Trump shrugs off claims on Russia links
‘Fake news – a total political witch-hunt’
US president-elect Donald Trump yesterday faced explosive claims that Russian intelligence gathered compromising information on him, which the Kremlin dismissed as fake and aimed at damaging ties.
Trump denounced a report circulating in US media with damaging claims over his personal and professional life as he was set to hold his first news conference in nearly six months.
“FAKE NEWS – A TOTAL POLITICAL WITCH-HUNT!”, he tweeted on Tuesday after CNN reported that intelligence officials had briefed him on the claims last week.
Russia denied the claims, with President Vladimir Putin’s spokesman, Dmitry Peskov, telling journalists: “The Kremlin does not have compromising information on Trump.”
The Kremlin spokesman called the dossier a total fake and “an obvious attempt to harm our bilateral relations”.
Last week, intelligence chiefs presented America’s incoming 45th president, as well as current President Barack Obama, with a two-page synopsis on the potential embarrassment, according to CNN and the New York Times, who cited multiple unnamed US officials with direct knowledge of the meeting.
Obama had little to add publicly to the bombshell revelations, saying he had not yet seen the media reports, as he delivered his farewell address on Tuesday with 10 days to go until Trump’s inauguration.
He said, however, he hoped Congress and the Trump administration would continue to work toward finding answers about who was responsible for hacking scandals that have roiled American politics in recent months.
CNN gave no details of the allegations, but US media outlet Buzzfeed published, without corroborating its contents, a 35-page dossier of memos on which the synopsis is based, which had been circulating in Washington for months.
The memos describe sex videos involving prostitutes filmed during a 2013 visit by Trump to a luxury Moscow hotel, supposedly as a potential means for blackmail.
They also suggest Russian officials proposed lucrative deals in order to win influence over the Republican real estate magnate.
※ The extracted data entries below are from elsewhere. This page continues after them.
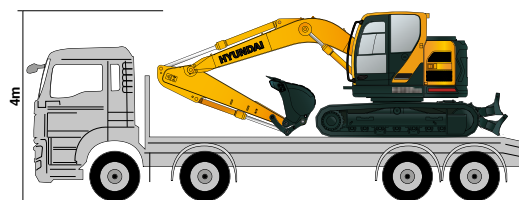

Configurer votre machine individuellement selon vos souhaits

Machine

+ lame

net Fr. 99'900.- HT

99'900.- HT

+ flèche réglable

net Fr. 6'700.- HT

+ caméra 360°

net Fr. 6'900.- HT

net Fr. 1'900.- HT

Equipements

OPTION 1

Equipement comprenant

- 1 x attache rapide EUROSAFE hydraulique
- 1 x godet rétro 600mm, 1 x godet rétro 1'000mm
  Votre choix avec ou sans dents
- 1 x godet talutage 1'400mm, 2 cylindres

net Fr. 10'800.- HT

OPTION 2

Equipement comprenant

- 1 x attache rapide S60 hydraulique
- 1 x godet rétro 600mm, 1 x godet rétro 1'000mm
  Votre choix avec ou sans dents
- 1 x godet talutage 1'400mm, 2 cylindres

net Fr. 22'800.- HT

TOTAL

Compact

Idéal pour le transport avec
vos camions de chantier

info@bamag-maschinen.ch
Tél. 044 843 40 00
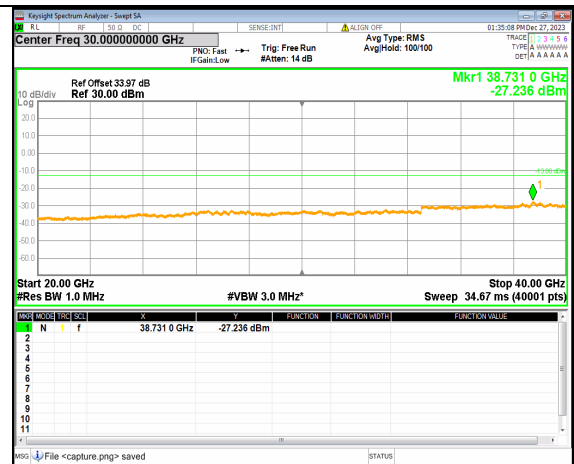

2A_n77(3700-3980MHz) (20GHz-40GHz) 30M DFT-s-OFDM QPSK Inner_1RB_Right Low
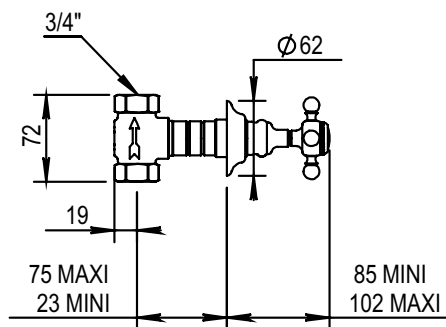

Réf. **92.047**

Réf. **92.049**

Réf. **01.578**

Réf. **19.578**

Kit d'encastrement 3/4" + Habillage pour robinet à encastrer

CARACTÉRISTIQUES Réf. 92.047

Kit d'encastrement 3/4" tête ouverture droite
Kit for concealed installation 3/4" right turn opening

CARACTÉRISTIQUES Réf. 92.049

Kit d'encastrement 3/4" tête ouverture gauche
Kit for concealed installation 3/4" left turn opening

CARACTÉRISTIQUES Réf. 01.578 / Réf. 19.578

Habillage pour robinet à encastrer et pour inverseur
Trim for wall valve + diverter
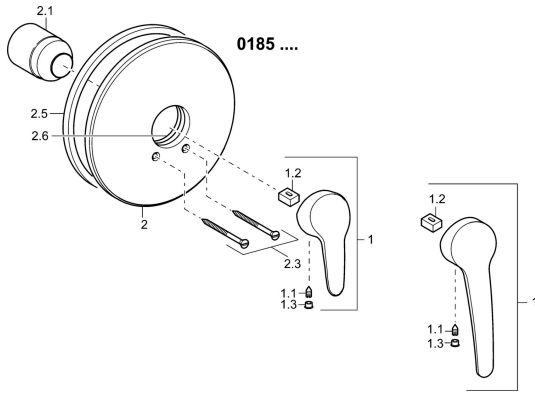

EAN: 4015474271456
static.hansa.com/01859183

Parti di ricambio

SP01859183

	Nome	Codice
1	Leva, L=93 mm Cromo	01880083
1	Leva lunga, L=138 Cromo	01880076
1.1	Screw, M5x8, SW2.5	59904755
1.2	Adattatore	59904778
1.3	Tappo Grigio	59912112
2	Piastra, d 205 mm Cromo	59911969
2.1	Cappuccio Cromo	59904820
2.3	Screw, M5x65 Cromo	59904847
2.5	Guarnizione di gomma	59912232
2.6	O-ring, 55x2	59912543
N.I.	Prolunga, 20 mm	59904983

The dossier was originally compiled by a former British MI-6 intelligence operative hired by other US presidential contenders to do political “opposition research” on Trump in the middle of last year, according to CNN.
Trump was reportedly informed of the existence of the dossier – and its salacious details – last Friday when he received a briefing from US intelligence chiefs on alleged Russian interference in the presidential election.
The classified two-page synopsis included allegations that there was a regular flow of information during the campaign between Trump surrogates and Russian government intermediaries, which a Trump aide denied.
The 70-year-old billionaire directly assailed Buzzfeed, retweeting an article that blasted the online publication for publishing the “unverifiable” dossier.
Buzzfeed said it had posted the material in the interest of transparency, but its editor in chief, Ben Smith, acknowledged that “there is serious reason to doubt the allegations”.
Democrats were left stunned by the developments, with House Democrat Jared Polis tweeting that if the reports are true, “he should not be president”.
The FBI was provided with the information in August, more than two months before the November 8 election.